### WHAT YOU ARE ASKED TO DO
Search the records for the word "Prasae" and pick out every line that has it.

-- SUPPLIED DATA follows --

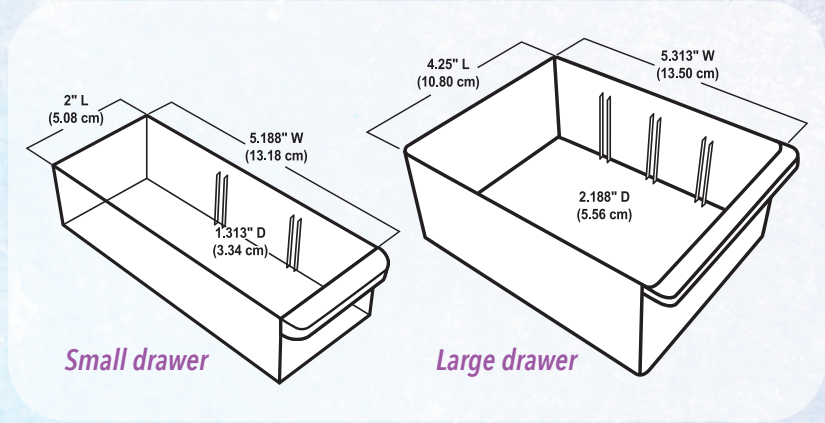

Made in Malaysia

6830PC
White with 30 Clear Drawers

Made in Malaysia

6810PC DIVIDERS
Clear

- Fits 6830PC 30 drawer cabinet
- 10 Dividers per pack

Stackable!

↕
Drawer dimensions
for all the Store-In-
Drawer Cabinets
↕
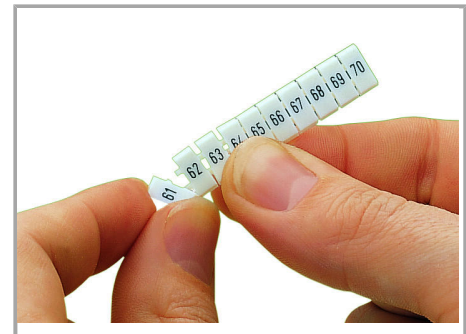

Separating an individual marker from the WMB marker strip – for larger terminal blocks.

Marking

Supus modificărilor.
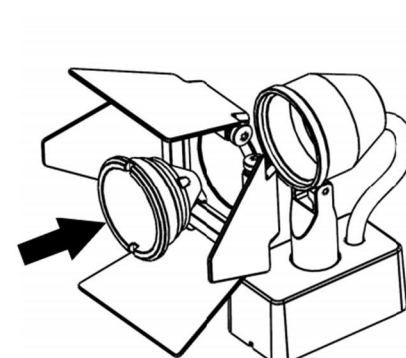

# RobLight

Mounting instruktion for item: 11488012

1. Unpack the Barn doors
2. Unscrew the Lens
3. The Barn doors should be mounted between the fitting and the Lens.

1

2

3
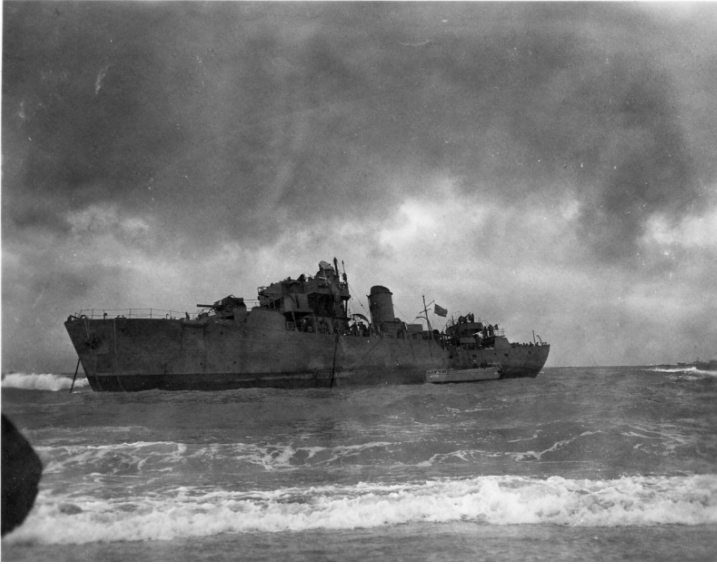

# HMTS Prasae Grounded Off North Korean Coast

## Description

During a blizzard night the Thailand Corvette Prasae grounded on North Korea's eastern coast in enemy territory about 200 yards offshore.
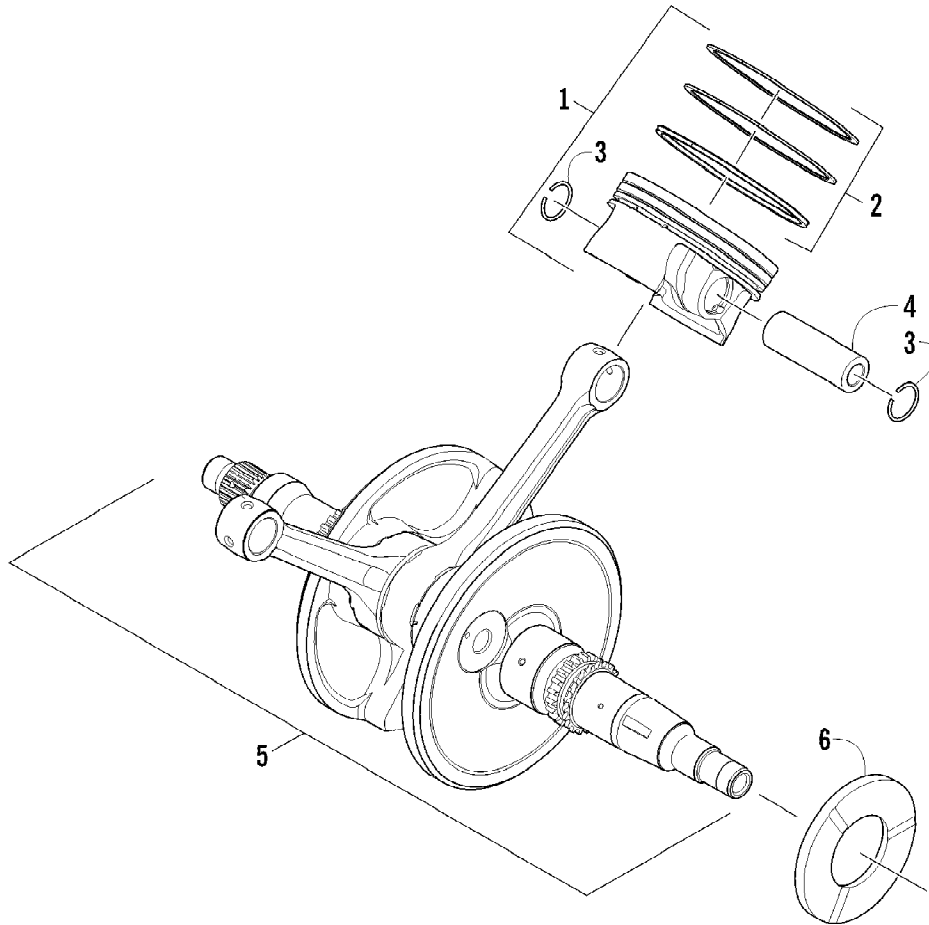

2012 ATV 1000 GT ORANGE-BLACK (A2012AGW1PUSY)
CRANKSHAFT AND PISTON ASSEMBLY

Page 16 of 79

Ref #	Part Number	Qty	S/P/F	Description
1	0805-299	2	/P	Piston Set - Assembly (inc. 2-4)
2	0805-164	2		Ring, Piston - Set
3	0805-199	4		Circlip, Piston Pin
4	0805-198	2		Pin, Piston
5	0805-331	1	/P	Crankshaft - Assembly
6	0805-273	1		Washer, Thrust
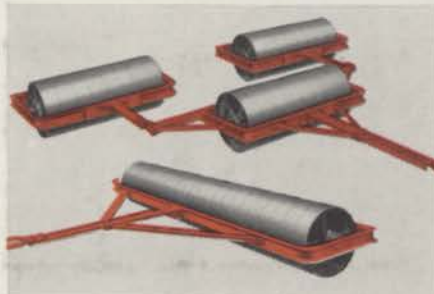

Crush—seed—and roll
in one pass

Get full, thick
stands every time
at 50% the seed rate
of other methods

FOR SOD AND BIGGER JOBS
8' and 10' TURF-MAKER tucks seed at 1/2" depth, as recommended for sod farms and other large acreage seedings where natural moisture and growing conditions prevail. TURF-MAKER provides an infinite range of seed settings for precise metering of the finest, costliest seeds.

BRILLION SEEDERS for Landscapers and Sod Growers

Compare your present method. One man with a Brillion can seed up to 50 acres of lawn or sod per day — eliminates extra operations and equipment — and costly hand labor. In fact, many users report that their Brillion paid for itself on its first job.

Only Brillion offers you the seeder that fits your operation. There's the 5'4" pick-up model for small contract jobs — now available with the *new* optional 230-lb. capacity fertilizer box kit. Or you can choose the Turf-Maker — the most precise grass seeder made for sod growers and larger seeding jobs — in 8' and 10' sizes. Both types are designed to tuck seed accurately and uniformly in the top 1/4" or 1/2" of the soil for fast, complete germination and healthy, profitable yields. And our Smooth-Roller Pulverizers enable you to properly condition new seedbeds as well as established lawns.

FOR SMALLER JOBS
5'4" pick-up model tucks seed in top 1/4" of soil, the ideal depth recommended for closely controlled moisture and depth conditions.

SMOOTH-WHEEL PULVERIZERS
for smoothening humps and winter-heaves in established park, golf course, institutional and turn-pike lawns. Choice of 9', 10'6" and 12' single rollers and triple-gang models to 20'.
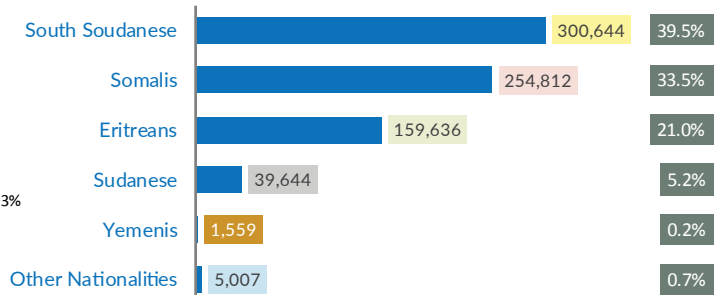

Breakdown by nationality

-- SUPPLIED DATA concluded --

### EXERCISE RESPONSE
# HMTS Prasae Grounded Off North Korean Coast
During a blizzard night the Thailand Corvette Prasae grounded on North Korea's eastern coast in enemy territory about 200 yards offshore.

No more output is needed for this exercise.